**Instructions to follow**
Nothing but the text of the records should come back; copy it exactly and leave the pictures out.

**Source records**
····················
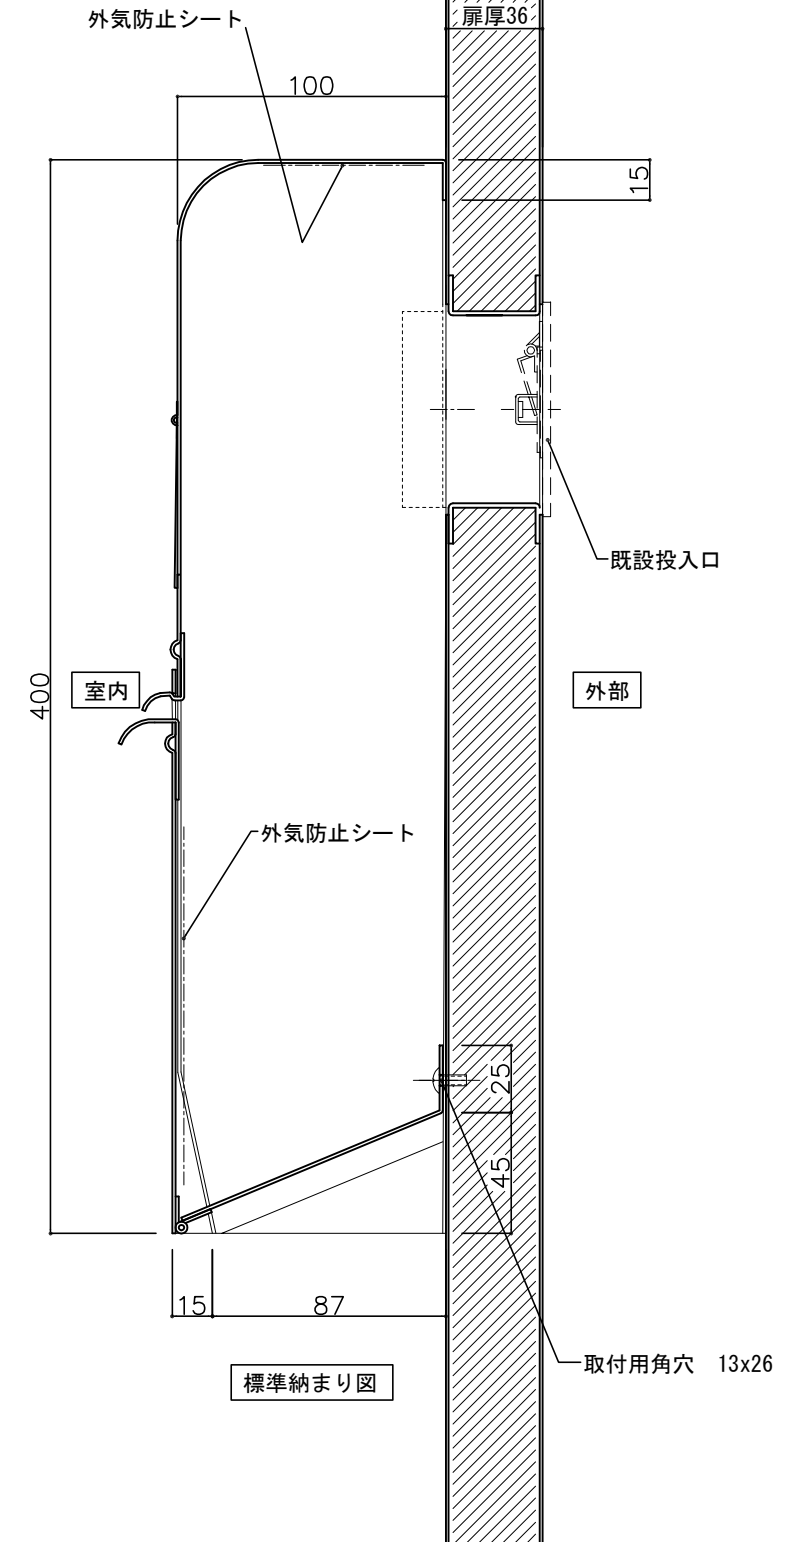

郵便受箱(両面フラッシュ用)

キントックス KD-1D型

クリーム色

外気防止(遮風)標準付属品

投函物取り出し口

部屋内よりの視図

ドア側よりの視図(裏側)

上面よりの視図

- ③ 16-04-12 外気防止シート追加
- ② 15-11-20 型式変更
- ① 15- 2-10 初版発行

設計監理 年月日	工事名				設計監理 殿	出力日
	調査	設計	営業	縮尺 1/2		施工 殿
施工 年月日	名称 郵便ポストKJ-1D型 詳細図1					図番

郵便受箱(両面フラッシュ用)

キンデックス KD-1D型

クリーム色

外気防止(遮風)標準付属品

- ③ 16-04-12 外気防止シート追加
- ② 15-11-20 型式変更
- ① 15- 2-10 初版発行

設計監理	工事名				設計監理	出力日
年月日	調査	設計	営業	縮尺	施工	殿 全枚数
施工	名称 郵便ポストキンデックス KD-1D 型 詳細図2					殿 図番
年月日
····················
**Answer box**
郵便受箱(両面フラッシュ用)

キントックス KD-1D型

クリーム色

外気防止(遮風)標準付属品

投函物取り出し口

部屋内よりの視図

ドア側よりの視図(裏側)

上面よりの視図

- ③ 16-04-12 外気防止シート追加
- ② 15-11-20 型式変更
- ① 15- 2-10 初版発行

設計監理 年月日	工事名				設計監理 殿	出力日
	調査	設計	営業	縮尺 1/2		施工 殿
施工 年月日	名称 郵便ポストKJ-1D型 詳細図1					図番

郵便受箱(両面フラッシュ用)

キンデックス KD-1D型

クリーム色

外気防止(遮風)標準付属品

- ③ 16-04-12 外気防止シート追加
- ② 15-11-20 型式変更
- ① 15- 2-10 初版発行

設計監理	工事名				設計監理	出力日
年月日	調査	設計	営業	縮尺	施工	殿 全枚数
施工	名称 郵便ポストキンデックス KD-1D 型 詳細図2					殿 図番
年月日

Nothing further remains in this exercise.